IgA nephropathy (IgAN) is the most common primary glomerular disease with an annual worldwide incidence of 25 per 100,000 populations [1]. The current dominant theory of IgAN pathogenesis is that immune complexes characterized bygalactose-deficient IgA1 (GdIgA1) are deposited in the glomerular mesangial area, causing kidney impairment [2]. Increasing evidence indicates that gut dysbiosis plays a role in IgAN. Animal experiments showed that GdIgA1 production depended on the gut commensal microbiota [3]. Genetic studies revealed that risk alleles associated with IgAN were also implicated in dysfunction of the gut barrier and regulation of the mucosal immune response to pathogens [4]. Budesonide released in the distal ileum decreased proteinuria of IgAN patients, attributed to restoration of intestinal mucosal immunity [5]. Lubiprostone also alleviated proteinuria and kidney dysfunction in two patients with IgAN [6], attributed to manipulation of gut dysbiosis and reductions in uremic toxins [7]. Fecal microbiota transplantation (FMT) has been explored in the management of some dysbiosis-related diseases with relatively high safety and efficacy [8]. However, the application of FMT in treating IgAN has not been reported before. We administered intensive fresh FMT to two patients with refractory IgAN and gut dysbiosis. Informed consent was obtained from each patient. The treatment was approved by the ethics committee for clinical trials of the Xijing Hospital of the Fourth Military Medical University in China (KY20172080-1).

Case presentation

Case 1

Patient A was a 48-year-old woman who was referred to the Department of Nephrology of Xijing hospital due to renal dysfunction and persistent heavy proteinuria. Examination revealed: body height 165 cm, weight 60 kg, blood pressure 135/72 mmHg, 24-h urinary protein (24-hUP) 2605 mg, serum creatinine (sCr) 106 µmol/L, serum albumin (sAlb) 32.8 g/L, and estimated glomerular filtration ratio (eGFR) 51.0 mL/min/1.73 m2. Kidney biopsy revealed IgAN (Lee III, M1E1S1T0-C1). She initially in 1997 presented with gross hematuria, but did not receive any intervention. In July 2006, she was prescribed benazepril hydrochloride (gradually increased to maximum tolerated dose) when 24-hUP reached 2300 mg and urine occult blood (2+). However, edema occurred intermittently in both lower extremities and eyelids. She was not willing to administer glucocorticoid when she was awake to the potential adverse effect. In May 2017, she received tacrolimus (2 mg, b.i.d.) and valsartan amlodipine (one tablet, q.d.). Tacrolimus was reduced to 1 mg (b.i.d.) on 1 July 2017 and discontinued on 11 February 2018 due to severe hand tremor. Unfortunately, proteinuria was maintained around 2089 mg, and sCr increased to 128 µmol/L. She then received mycophenolate mofetil (MMF; 0.5 g, b.i.d.) from 26 April 2018. MMF was discontinued after 1.5 months due to intense gastro-intestinal discomfort. At that time, tests showed 24-hUP 2020 mg and urine occult blood (4+). Considering the poor response and intolerance to immunosuppressive drugs (Supplemental Digital Content, Table S1), we defined her condition as refractory, and treated her with intensive fresh FMT after a month of wash-out.

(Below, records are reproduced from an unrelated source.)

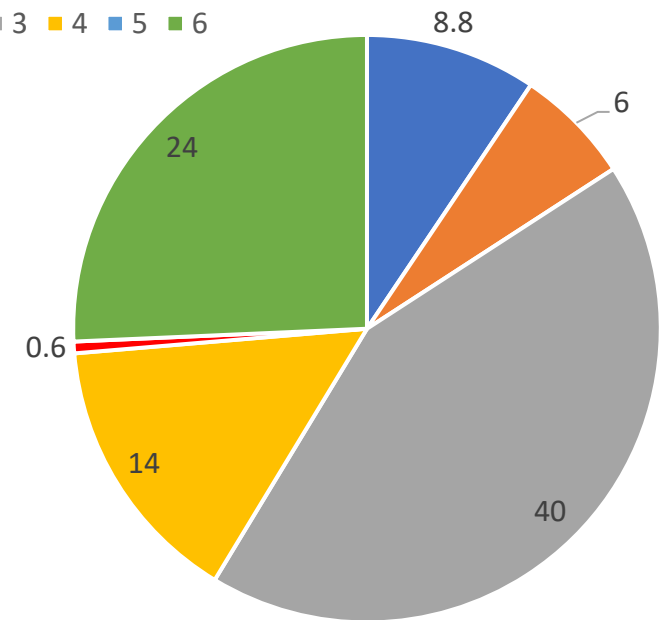

25

PURCH:
Population-based
Urban & Rural
Community Health

T.H. Chan
School of Medicine

Our Programs

Application Volume

Which Racial Identities are URiM?

Native American / Native Alaskan

Black / African American

Latinx / Hispanic

Native Hawaiian / Pacific Islander

AAMC

Completed Applications

Interviewed

Accepted

Matriculated

US Demographics

UMassChan Demographics 2024

MA Demographics

US Med Schools Demographics 2024

Black
Latinx
Asian
White
Other
Native

1 2 3 4 5 6

1 2 3 4 5 6

Pathway

Recruitment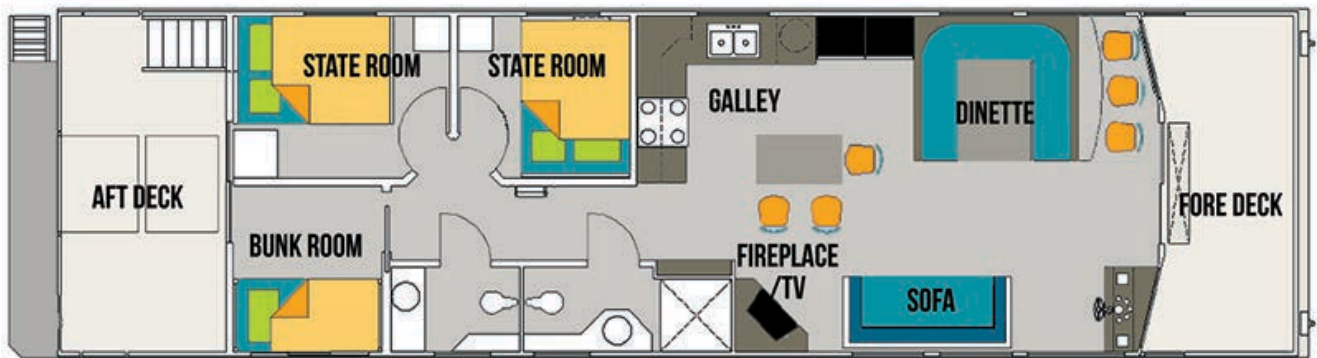

Twin Anchors Marine
a division of Twin Anchors Marine (1977) Ltd.
675 Old Town Road, PO Box 318
Sicamous, BC V0E 2V0 Canada
Tel. 250.836.3028 Fax. 250.836.3038
www.twinanchors.com

sales contacts:

Todd Kylo	250.836.2450	todd@twinanchors.com
Nigel Watson	250.463.2000	nwatson@twinanchors.com

FMT was performed 40 times consecutively (200 mL daily, 5 d/week) according to the protocol reported by Sudarshan Paramsothy et al. [9], and then a further 57 times (200 mL daily, 10–15 d/month) over the next 5 months. Valsartan amlodipine was administered during FMT treatment and follow-up. Two healthy young men were selected to donate fresh feces; the findings of medical history, physical examination, and laboratory test of the two donors are described in Supplemental Digital Content Table S2. The procedure of FMT is shown in Supplemental Digital Content File 1. The patient was followed for six months after ceasing treatment (Figure 1(A)). The 24-hUP showed a slow downward trend during and after FMT, decreasing by 37.0% after 97 FMTs and to less than half of baseline three months after FMT, achieving partial clinical remission. The sAlb increased by 21.9 and 32.6% after treatment and follow-up compared to the baseline, respectively, supporting the reduction of protein loss. The sCr and eGFR fluctuated around the baseline, suggesting stable kidney function during and after the treatment process (Table 1, Figure 1(D)).

Figure 1.

Treatment timeline, Alpha diversity, Beta diversity, and 24-h urinary protein of patient A before, during, and post FMT. (A) Treatment timeline of patient A. The timeline shows the major clinical events during the treatment process of patient A. M: month; FK506: tacrolimus; MMF: mycophenolate mofetil; FMT: fecal microbiota transplantation. (B) Alpha diversity (Chao index), which refers to the diversity within a particular region or ecosystem and is a comprehensive indicator of richness and evenness of gut microbiota in patient A. Black dots represent different samples collected from patient A before (A_Pre), during (A_FMT), and post FMT (A_Post). (C) Beta diversity (PCOA index), which reflects the significant microbial community difference between gut microbiota of samples from patient A. Red dots represent samples from donors; Samples collected from patient A before (A_Pre, blue square), during (A_FMT, green triangle), and post FMT (A_Post, yellow diamond). (D) 24-h urinary protein of patient A before, during, and post FMT. Red solid line indicates the trend.

Table 1.

Clinical parameters of patient A and B before, during, and post FMT.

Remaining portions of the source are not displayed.